(Supplied data Opens)

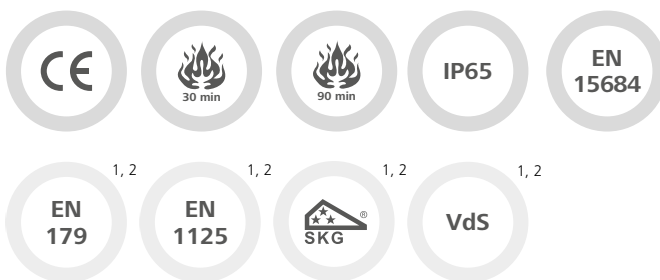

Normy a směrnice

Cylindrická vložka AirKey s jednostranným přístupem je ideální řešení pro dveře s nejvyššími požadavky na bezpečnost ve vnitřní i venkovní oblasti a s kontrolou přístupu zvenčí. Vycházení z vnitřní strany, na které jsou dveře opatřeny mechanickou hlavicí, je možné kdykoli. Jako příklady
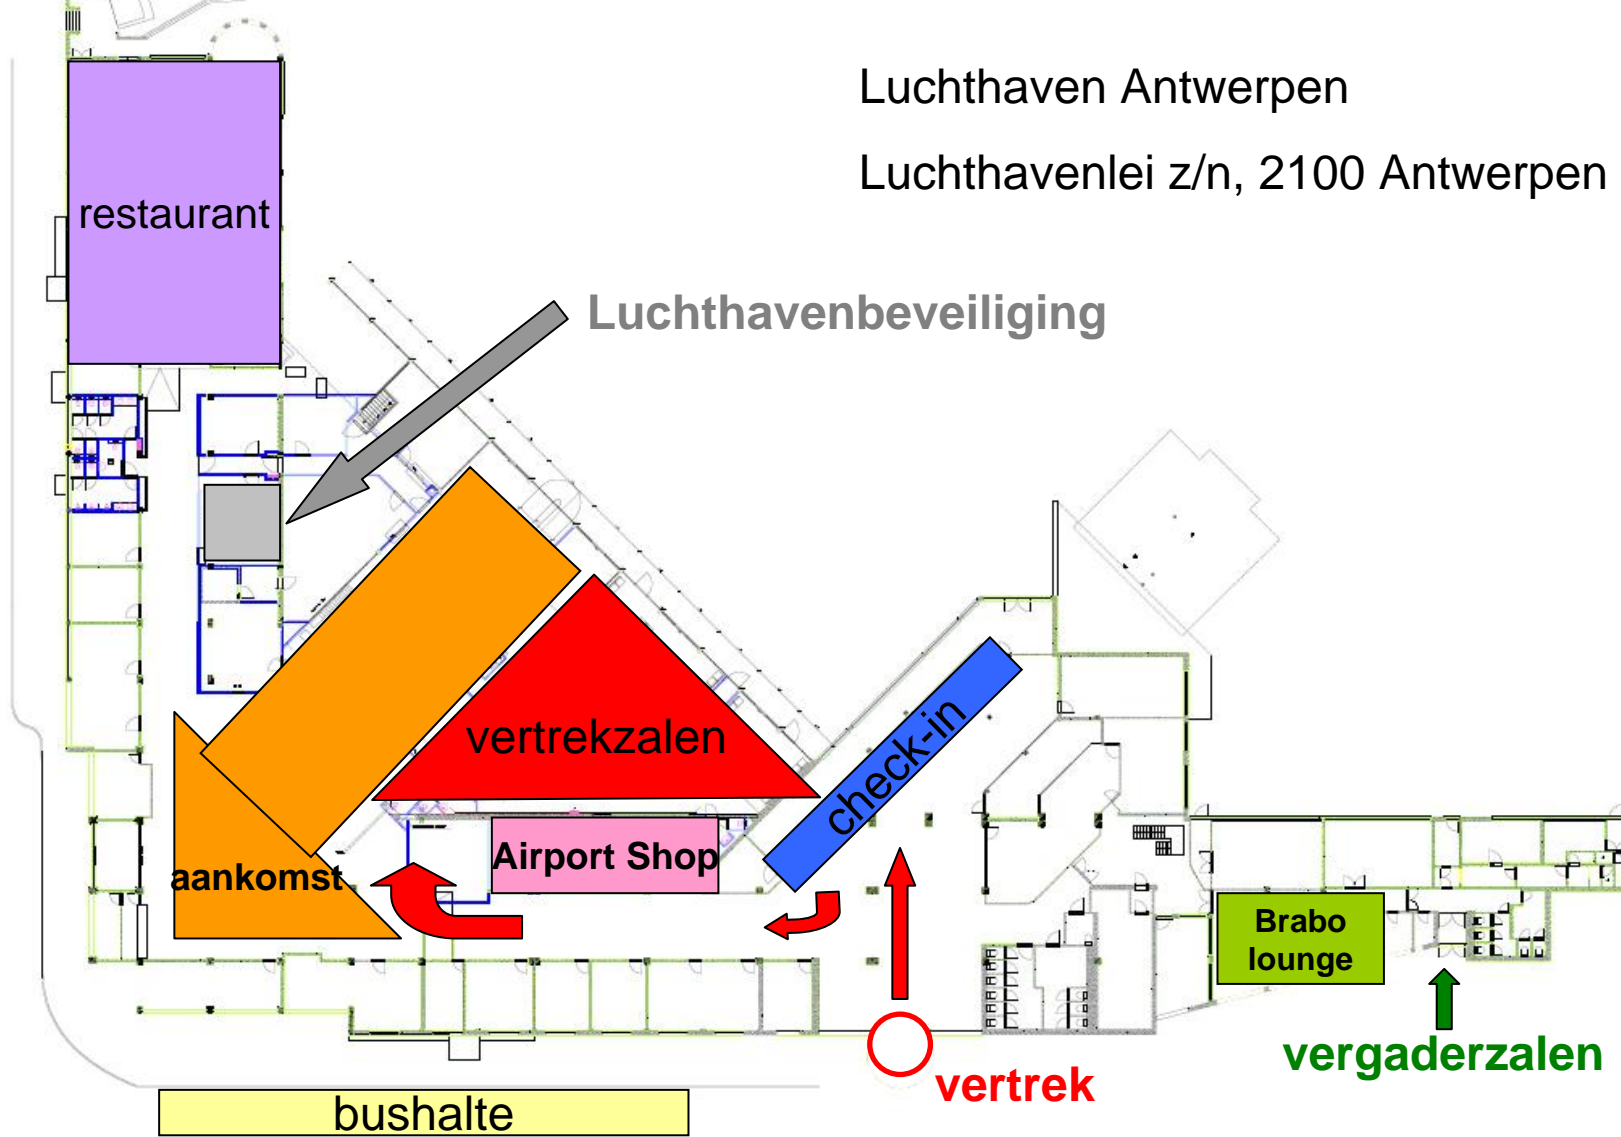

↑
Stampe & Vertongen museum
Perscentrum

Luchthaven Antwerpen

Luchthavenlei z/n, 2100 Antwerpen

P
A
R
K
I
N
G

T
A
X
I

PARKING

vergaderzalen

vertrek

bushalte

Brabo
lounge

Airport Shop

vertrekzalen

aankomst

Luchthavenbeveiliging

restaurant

(Supplied data Closes)

* Problem details: Using the records above, select and copy every line that has the word "Antwerpen".

* Answer:
Luchthaven Antwerpen
Luchthavenlei z/n, 2100 Antwerpen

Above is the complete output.